UCLA baseball staggers against San Diego, snapping win streak in 14-inning slog

UCLA baseball players look on from the Bruin dugout. (Jeannie Kim/Daily Bruin senior staff)
Baseball
San Diego | 4 (14 inn.) |
No. 14 UCLA | 3 |
By Bianca Peralta
April 7, 2025 6:54 p.m.
Baseball is a marathon, not a sprint. And that race only gets longer once you reach extra innings.
But through 14 innings Sunday, the Bruins could just not seem to find their footing.
The same offense that scored seven runs Saturday – and double-digit runs in their four previous affairs – was held scoreless in the final 11 innings Sunday.
No. 10 UCLA baseball (25-6, 10-2 Big Ten) fell short against San Diego (7-24, 3-3 WCC) 4-3 at Jackie Robinson Stadium, putting an end to the former’s nine-game winning streak.
“We left 18 guys on base,“ said coach John Savage. “We haven’t really done that all season long.”
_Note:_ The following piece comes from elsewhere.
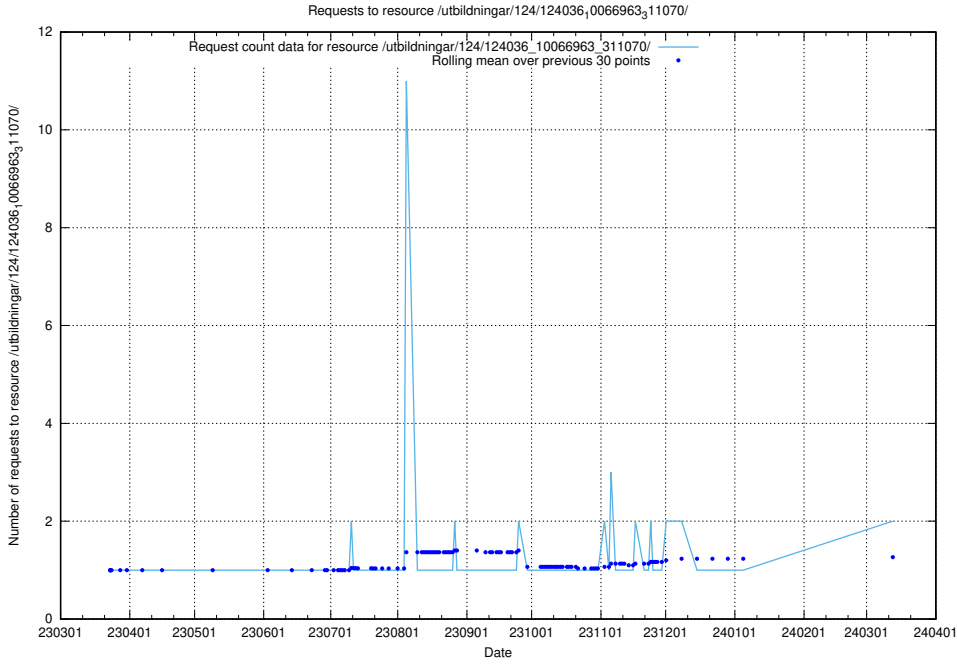

5.681 Usage of /utbildningar/124/124036_10066963_311070/

Here, we count the number of requests to resource /utbildningar/124/124036_10066963_311070/.

In their longest game since at least 2017, the Bruins went just 8-for-47 overall, 5-for-28 with a runner on, 1-for-15 with a runner in scoring position and 0-for-13 with two outs.
With both starters out by the end of the fifth inning, Sunday quickly became a duel of bullpens. The Bruins sent nine pitchers to the mound and the Toreros six.
Sophomore right-hander Justin Lee recorded his first scoreless outing in four appearances, tossing a shutout ninth and 10th in his longest appearance this season. However, fellow sophomore right-hander Cal Randall – pitching on back-to-back days for the first time in his collegiate career – struggled, allowing his first three batters to reach in the 11th.
But Will Goldberg tight-roped out of danger. The redshirt sophomore left-hander induced a 3-2 fielder’s choice for the first out before getting shortstop Isaiah Lane to ground into a 3-2-3 double play.
“Just make pitches,” Goldberg, who also tossed a 1-2-3 12th, said. “That’s kind of all I could do in that situation to try to limit the damage.”

The Bruins themselves loaded the bases with nobody out in the bottom of the 12th, but like Goldberg, right-hander Jamie Robertson survived unscathed. Sophomore catcher Cashel Dugger flied out to shallow right center before right fielder Rex Watson gunned down pinch runner/third baseman Grant Gray at the plate. And pinch hitter/designated hitter Jarrod Hocking lined out to third, ending the inning.
UCLA loaded the bases again, with one out in the 13th. But right-hander Dallin Harrison pitched in and out of danger, striking out Gray and getting redshirt senior right fielder AJ Salgado to fly out.
Ultimately, center fielder Austin Smith broke the tie with a solo shot off freshman right-hander CJ Bott in the 14th. It was Smith’s second long ball of the day – after hitting a two-run homer in the first – and third in two days.
“That’s baseball,” Savage said. “We didn’t play well enough to win.”
The Bruins led 3-2 heading into the eighth before junior right-hander Jack O’Connor, pitching consecutive games for just the second time in his collegiate career, inherited two runners from graduate student right-hander August Souza. O’Connor walked two straight batters to load the bases and forced in the run before inducing a double play to limit the damage.

In the bottom of the first, sophomore third baseman Roman Martin’s sacrifice fly and Salgado’s RBI fielder’s choice erased the Toreros’ two-run lead before sophomore first baseman Mulivai Levu drove home sophomore shortstop Roch Cholowsky, who recorded his second-straight three-hit performance Sunday, for his 48th RBI of the season – second most in the Big Ten.
Sophomore right-hander Landon Stump settled in after the first, making it through five innings for his third straight start and reaching a season-high 85 pitches while striking out six, tying his season-high. But the Bruins would lose a Stump start for the first time all season.
However, with Iowa losing to Northwestern 5-4 Sunday, UCLA has taken sole possession of first place in the Big Ten, despite not playing a conference game since March 30.
UCLA’s five-game stretch of nonconference games will conclude with a bout against Long Beach State on Tuesday, its fifth game of a nine-game homestand.
“Forgetting about this today and coming out Tuesday of who we really are,” said Levu. “More energy and coming out ready to play.”